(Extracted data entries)
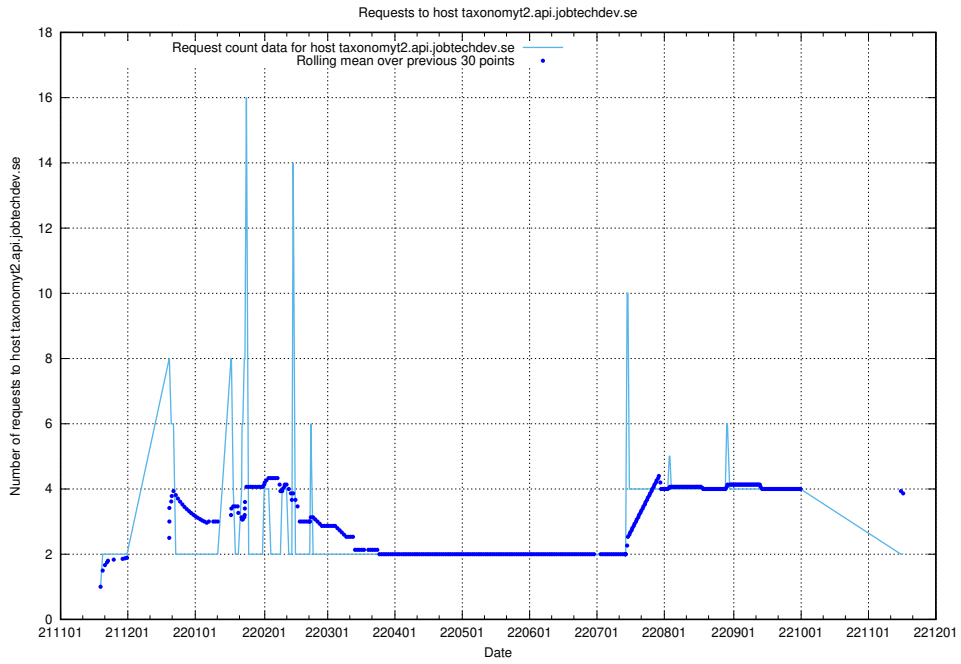

7.467 Usage of taxonomyt2.api.jobtechdev.se

Here, we count the number of requests to host taxonomyt2.api.jobtechdev.se.

7.468 Usage of widget.jobtechdev.se

Here, we count the number of requests to host widget.jobtechdev.se.
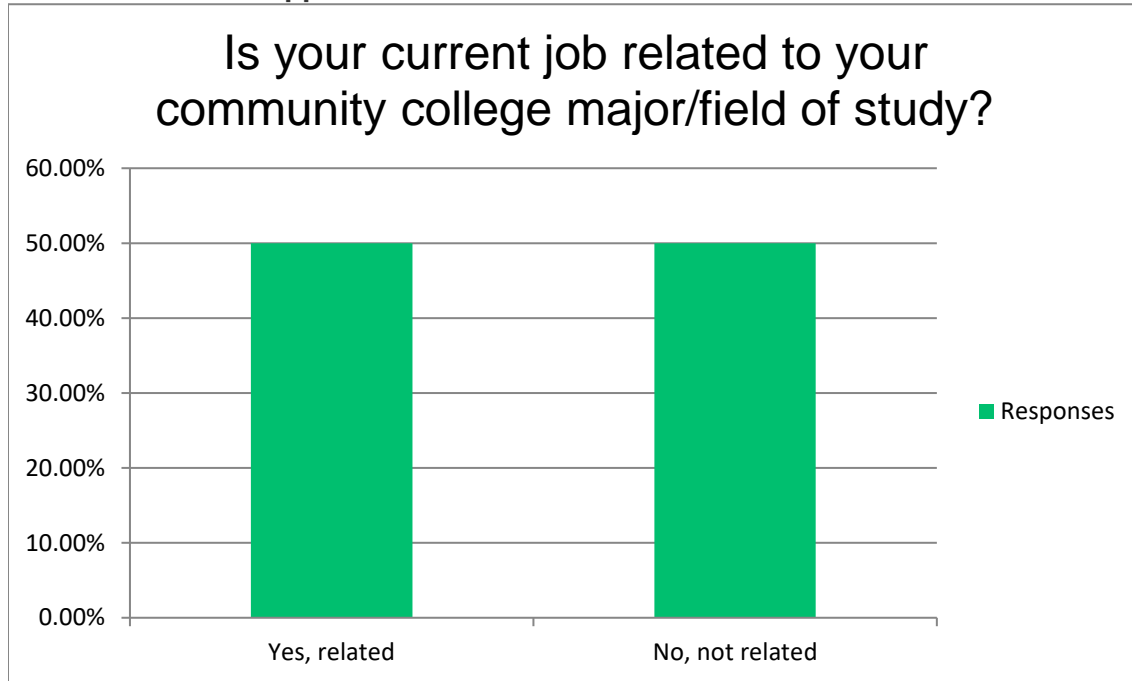

Is your current job related to your community college major/field of study?

Answer Choices	Responses	
Yes, related	50.00%	20
No, not related	50.00%	20
Answered		40
Skipped		40
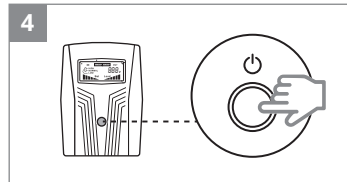

SVEN[®]

QUICK START GUIDE

UNINTERRUPTIBLE POWER SUPPLY

www.sven.fi

PRO 650 (LCD, USB)
PRO 1500 (LCD, USB)

<https://www.sven.fi/en/catalog/ups.htm>

EN The detailed product information and user manual are on the website. The date of manufacture is on the package.
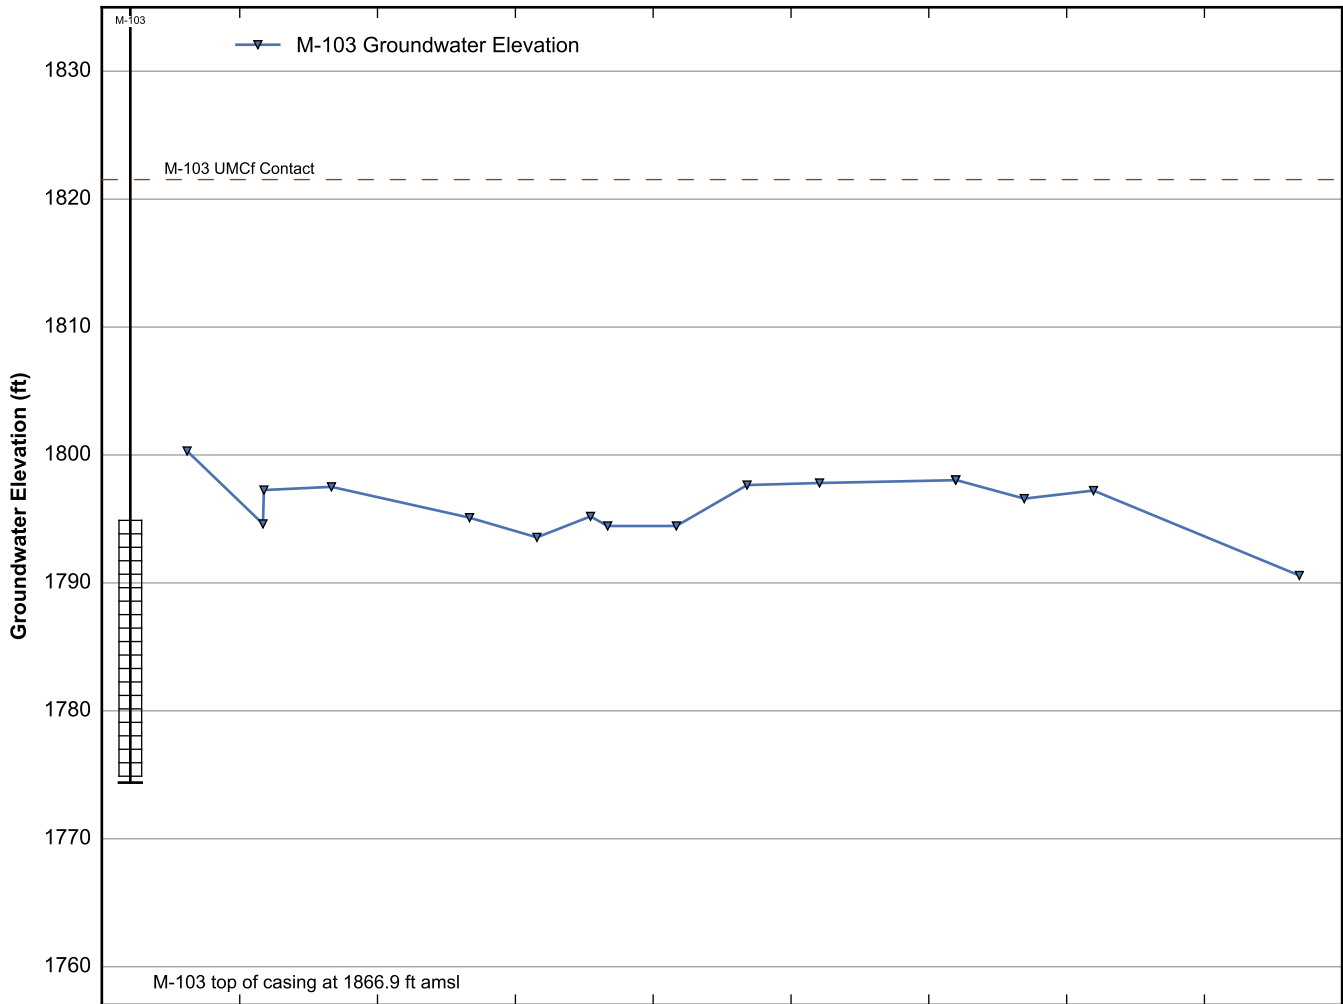

Data Sheet for Well M-103
Nevada Environmental Response Trust Site
Henderson, Nevada
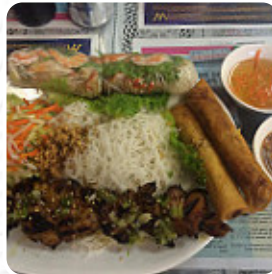

On this website, you can find the **complete menu** of **Pho Galaxy Restaurant** from [Chilliwack](#). Currently, there are **28** menus and drinks up for grabs. For changing offers, please contact the owner of the restaurant directly.

You can also contact them through their website. What [User](#) likes about Pho Galaxy Restaurant:

We stumbled across this place on our first night in town and went in as it was totally full. The food was amazing! Fresh, flavoursome and a fun (busy) vibe to the place. I'm Vegan and had enough choice, my husband had the spicy pho soup and said it was one of the best he's had. Highly recommended! [read more](#). When the weather conditions is good you can also eat outside, And into the accessible rooms also come guests with wheelchairs or physiological disabilities. What [User](#) doesn't like about Pho Galaxy Restaurant:

Tasteless food!!! Was my first time, I ordered 3 dishes to take out, nobody at home ate that, I tried to see the positive side of the food eating some, but i could not finish. I don't recommend this place. Coconut Thai Restaurant is wayyyyy better than this place. [read more](#). The visitors love it when Asian cuisine meets a bit of creativity. That's exactly what you can expect at the Pho Galaxy Restaurant from Chilliwack, with its **unconventional Asian fusion cuisine** - the perfect blend of what you know meets the adventurous world of fusion cuisine, For a snack, you can also have the tasty sandwiches, small salads and other snacks. The *meals are prepared typically Asian*, and you may look forward to the tasty classic [seafood](#) cuisine.
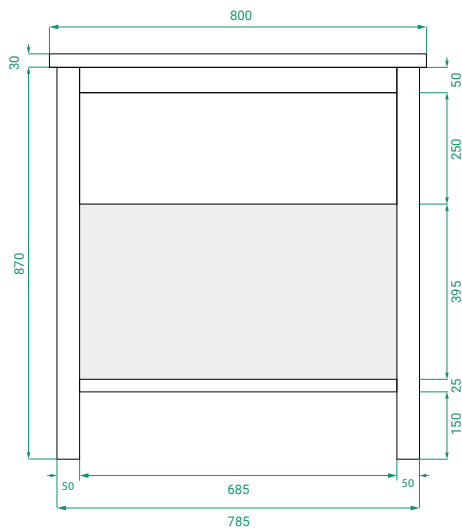

OVO WASHSTAND /

vcbc

DESCRIPTION

Ovo 800, 1 Drawer Washstand Vanity with Ceramic Top

PRODUCT CODE

OVO80DWA / OVO80DWACC

Dimensions	W 800 x H 900 x D 460 (mm)
Finishes	Matte White or Matte Custom Colour Paint.
Top	Ceramic Top with Integrated Basin
Handle	Handleless 45° design.
Origin	New Zealand made cabinetry.
Features	<ul style="list-style-type: none">• Soft rounded corners & washstand.• 1 Drawers with soft-close and handleless design.• Ceramic top with integrated basin.• The paint used on our products is polyurethane or UV based.

TECHNICAL DRAWINGS

Front

Side

Ceramic (Top)

Ceramic (Front)

NOTES

Accessories not included. Drawing indicates the technical measurement only and is not a reflection of how the product will look. Sizes are nominal only. All drawings in millimeters. Drawings not to scale. July 2024.
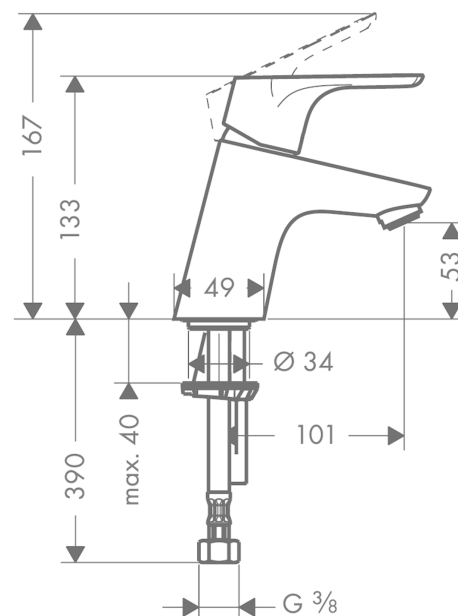

Focus

Single lever basin mixer 70 without waste set

Surfaces: **chrome** Article Number: **31733000**

Description

product features

- ComfortZone 70
- projection 101 mm
- normal spray
- without waste set
- suitable for continuous flow water heaters

Technology

Design awards

Product image

Scale drawing

Flowchart
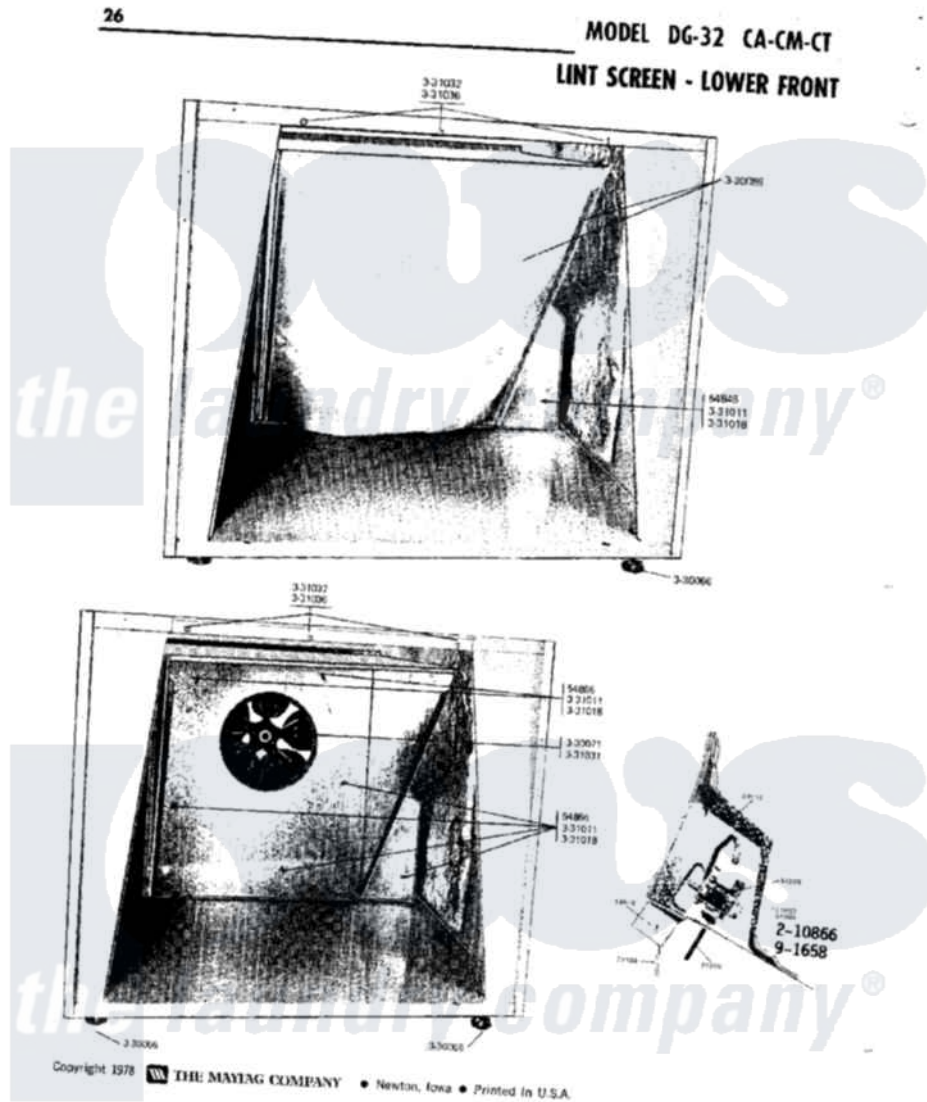

Maytag DG32CM 11 - LINT SCREEN-LOWER FRONT

Maytag Commercial Maytag DG32CM Dryer Parts Parts Diagram 11 - LINT SCREEN-LOWER FRONT

Click on the part number to view part

Item	Original Part Number	Replaced By	Status	Part Description
001	Y054866	486009		Lockwasher
002	Y055980			Hi-Temp Adhesive, 2 Oz Tube
003	212220	213501		Screw, No.6-20 X 1-1/8 Inch
004	NLA		Not Available	LEVELING LEG
005	Y330071		Not Available	IMPELLER FOR BLOWER
006	Y330078			Cool-Down Bypass Switch
007	Y330086			Lint Screen With Frame
008	331005	701719		Nut, Hex
009	NLA		Not Available	WING NUT, LINT HOOD (CAB.)
010	NLA		Not Available	WASHER, LINT HOOD (CABINET)
011	331031		Not Available	SET SCREW FOR IMPELLER
012	331032	61002031		Screw, Handle
013	331036			Washer-Front Panel Screws
014	331053			Damper
015	NLA		Not Available	HINGE PIN, DAMPER

016	NLA	Not Available	SHIELD, DAMPER SWITCH
017	210866		Nut, Twin Speed
018	NLA	Not Available	TWIN FASTENER W/SCREWS
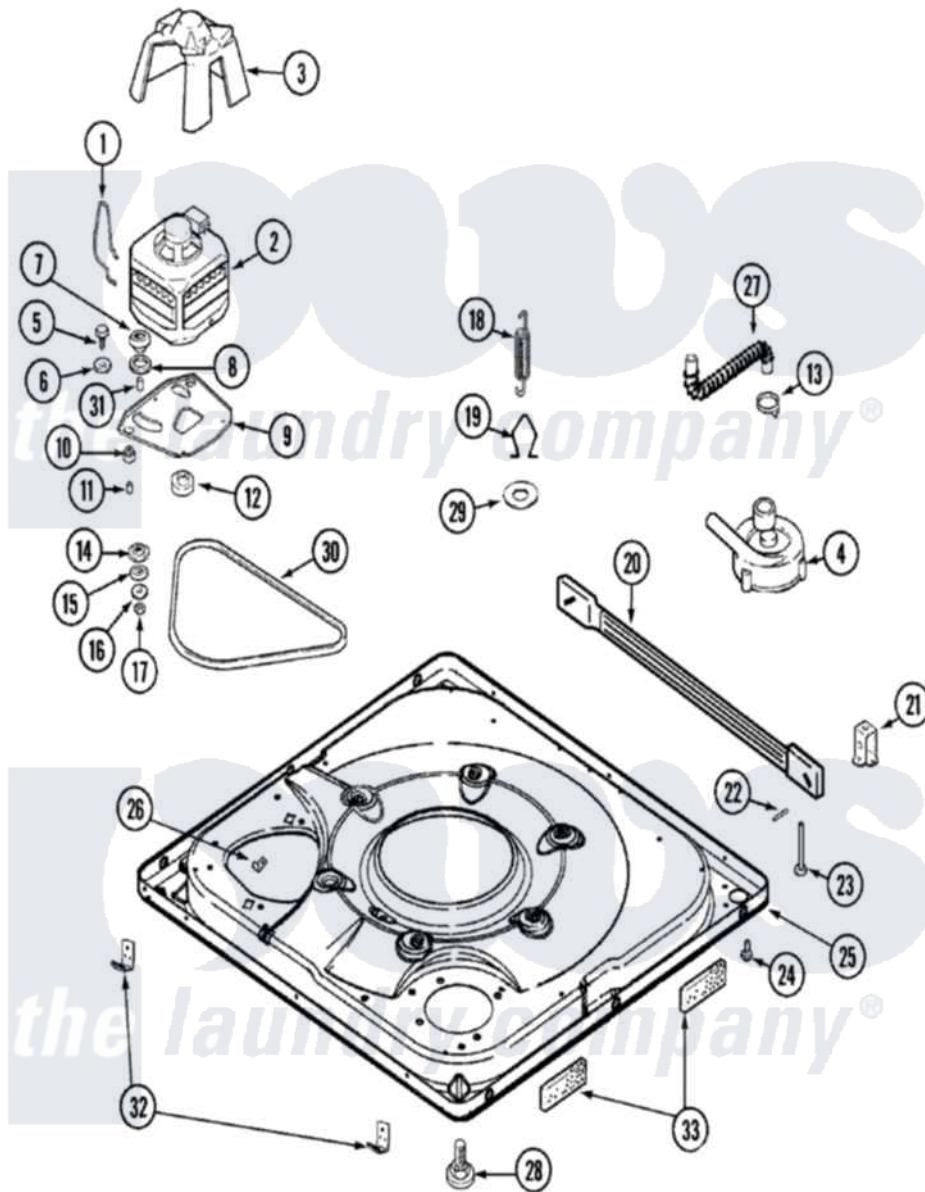

Maytag MAV4500AWW 01 - BASE

Maytag [Residential Maytag MAV4500AWW Washer Parts](#) Parts Diagram 01 - BASE
 Click on the part number to view part

Item	Original Part Number	Replaced By	Status	Part Description
1	22004376			Spring, Motor Pivot
2	21001516	21001950		MoTor, 2SP 1/2hp 120V/60Hz Hi-Tor
3	22002721			Shield, Motor
4	21001732	35-6465		Pump Assem
"	22003438			Sleeve, Pump
5	25-7833	21001977		Screw
6	25-7834			Washer, Motor/Base Screw
7	33-9946			Isolator, Motor
8	35-3570			Washer, Motor Pivot
9	21001366	21001783		Plate And Screw Assembly
"	35-2065			Pad, Motor Plate
10	35-3646			Isolator, Motor Plate
"	22004348			Slide, Motor Pivot
11	25-7831			Spacer, Mounting
12	21001506	21001950		MoTor, 2SP 1/2hp 120V/60Hz Hi-Tor

13	22002853	285655	Clamp, Hose
14	35-3571		Slide, Motor Pivot
15	33-9967		Washer, Motor Isolator
16	25-7047		Washer, Flat
17	25-7325	Y707702	Locknut
18	21001598		Spring, Suspension
19	21001166		Hook, Suspension Spring
20	35-2049	21001881	Bar, Stabilizer
21	35-2046		Bracket, Stabilizer
22	35-2052		Pin, Stabilizer
23	35-3020	22004469	Leg And Foot Self Stabalizing
24	22002933		Screw
25	22002841		Base
26	25-7845		Speednut, Motor
27	22003285		Hose, Tub To Pump
28	35-3507	25001119	Foot And Pad Assembly
29	Y25-7951		Washer, Suspension Hook
30	22002709	22003483	Belt, Drive
31	25-7830		Spacer
32	22002239		Clip, Front Panel
"	22002966	692771	Nut, Idler Bracket To Base
33	22002782		Pad, Foam

**WORK ORDER:** Give again, exactly as written above, each line from the one that has "EN The detailed" to the one that has "You can also contact", both included; omit the pictures.

**SOLUTION FOR THIS EXERCISE:**
EN The detailed product information and user manual are on the website. The date of manufacture is on the package.

Data Sheet for Well M-103
Nevada Environmental Response Trust Site
Henderson, Nevada

On this website, you can find the **complete menu** of **Pho Galaxy Restaurant** from [Chilliwack](#). Currently, there are **28** menus and drinks up for grabs. For changing offers, please contact the owner of the restaurant directly.

You can also contact them through their website. What [User](#) likes about Pho Galaxy Restaurant:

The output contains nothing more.